[Data extracted from a collection]
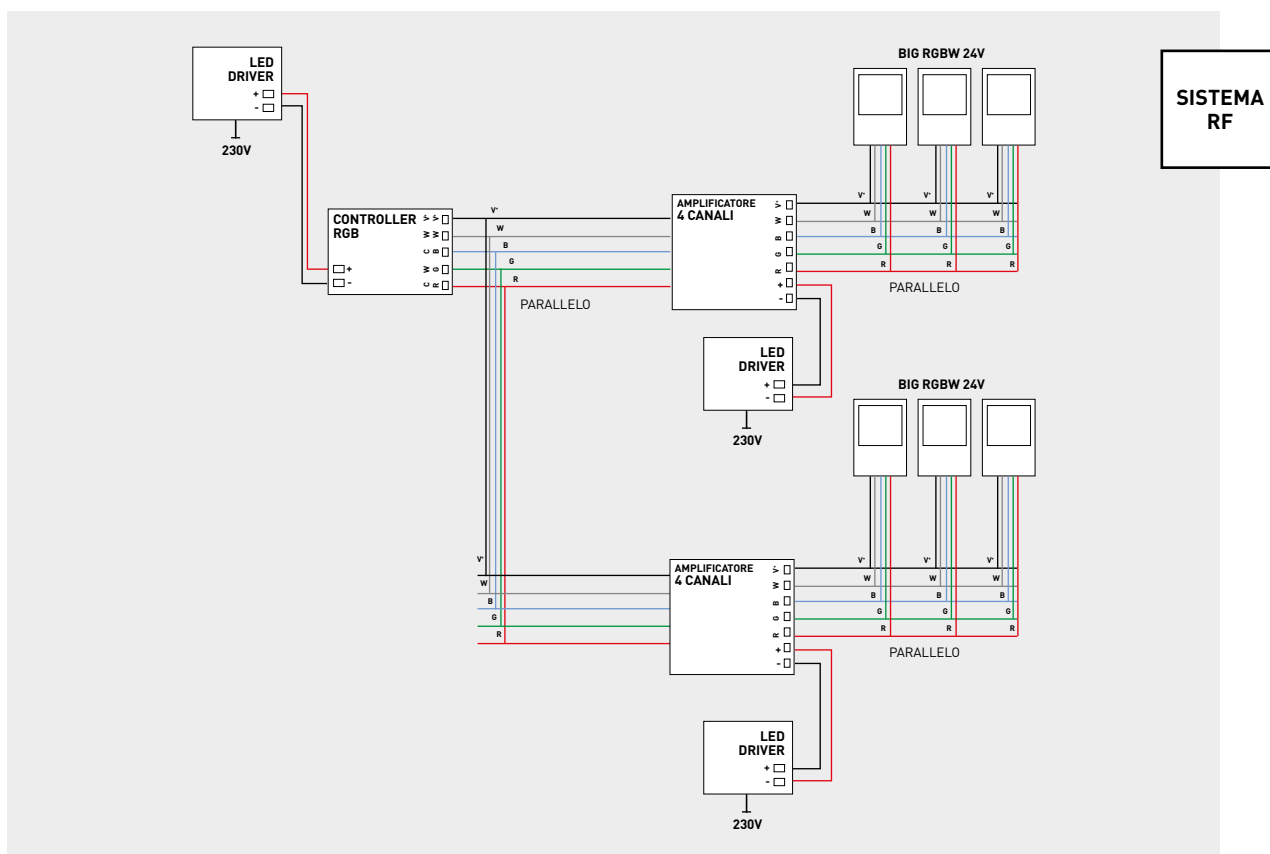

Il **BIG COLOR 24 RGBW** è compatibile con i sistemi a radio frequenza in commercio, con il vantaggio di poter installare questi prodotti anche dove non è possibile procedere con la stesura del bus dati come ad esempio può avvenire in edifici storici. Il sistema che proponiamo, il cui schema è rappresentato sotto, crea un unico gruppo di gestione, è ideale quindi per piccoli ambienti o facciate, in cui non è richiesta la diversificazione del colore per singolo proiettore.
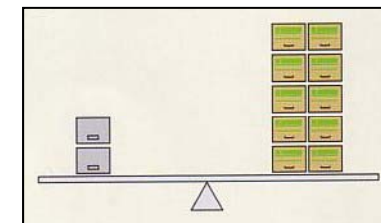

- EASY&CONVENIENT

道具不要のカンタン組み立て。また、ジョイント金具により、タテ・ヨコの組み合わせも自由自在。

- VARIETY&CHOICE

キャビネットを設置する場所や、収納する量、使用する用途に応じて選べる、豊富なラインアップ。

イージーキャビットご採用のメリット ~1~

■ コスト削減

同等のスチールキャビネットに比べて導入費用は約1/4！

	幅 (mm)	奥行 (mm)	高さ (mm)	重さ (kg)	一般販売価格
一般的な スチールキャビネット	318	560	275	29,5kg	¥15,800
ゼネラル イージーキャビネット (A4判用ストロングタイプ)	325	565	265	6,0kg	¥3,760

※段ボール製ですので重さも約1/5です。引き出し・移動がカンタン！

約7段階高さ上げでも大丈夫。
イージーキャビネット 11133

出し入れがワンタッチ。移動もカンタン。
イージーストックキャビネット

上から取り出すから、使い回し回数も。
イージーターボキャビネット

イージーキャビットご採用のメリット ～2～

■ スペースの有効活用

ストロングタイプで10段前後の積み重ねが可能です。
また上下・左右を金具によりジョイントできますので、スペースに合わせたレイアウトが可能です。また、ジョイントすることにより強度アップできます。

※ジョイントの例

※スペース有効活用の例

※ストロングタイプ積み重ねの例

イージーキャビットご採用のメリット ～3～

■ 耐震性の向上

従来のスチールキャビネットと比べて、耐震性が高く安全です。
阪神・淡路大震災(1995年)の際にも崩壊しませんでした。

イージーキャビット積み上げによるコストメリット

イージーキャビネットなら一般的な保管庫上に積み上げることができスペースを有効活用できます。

▶ _Directions_: Output nothing but the lines from the one containing "- EASY&CONVENIENT" through the last line of the data, exactly as they stand.

▶ _Response area_:
- EASY&CONVENIENT

道具不要のカンタン組み立て。また、ジョイント金具により、タテ・ヨコの組み合わせも自由自在。

- VARIETY&CHOICE

キャビネットを設置する場所や、収納する量、使用する用途に応じて選べる、豊富なラインアップ。

イージーキャビットご採用のメリット ~1~

■ コスト削減

同等のスチールキャビネットに比べて導入費用は約1/4！

	幅 (mm)	奥行 (mm)	高さ (mm)	重さ (kg)	一般販売価格
一般的な スチールキャビネット	318	560	275	29,5kg	¥15,800
ゼネラル イージーキャビネット (A4判用ストロングタイプ)	325	565	265	6,0kg	¥3,760

※段ボール製ですので重さも約1/5です。引き出し・移動がカンタン！

約7段階高さ上げでも大丈夫。
イージーキャビネット 11133

出し入れがワンタッチ。移動もカンタン。
イージーストックキャビネット

上から取り出すから、使い回し回数も。
イージーターボキャビネット

イージーキャビットご採用のメリット ～2～

■ スペースの有効活用

ストロングタイプで10段前後の積み重ねが可能です。
また上下・左右を金具によりジョイントできますので、スペースに合わせたレイアウトが可能です。また、ジョイントすることにより強度アップできます。

※ジョイントの例

※スペース有効活用の例

※ストロングタイプ積み重ねの例

イージーキャビットご採用のメリット ～3～

■ 耐震性の向上

従来のスチールキャビネットと比べて、耐震性が高く安全です。
阪神・淡路大震災(1995年)の際にも崩壊しませんでした。

イージーキャビット積み上げによるコストメリット

イージーキャビネットなら一般的な保管庫上に積み上げることができスペースを有効活用できます。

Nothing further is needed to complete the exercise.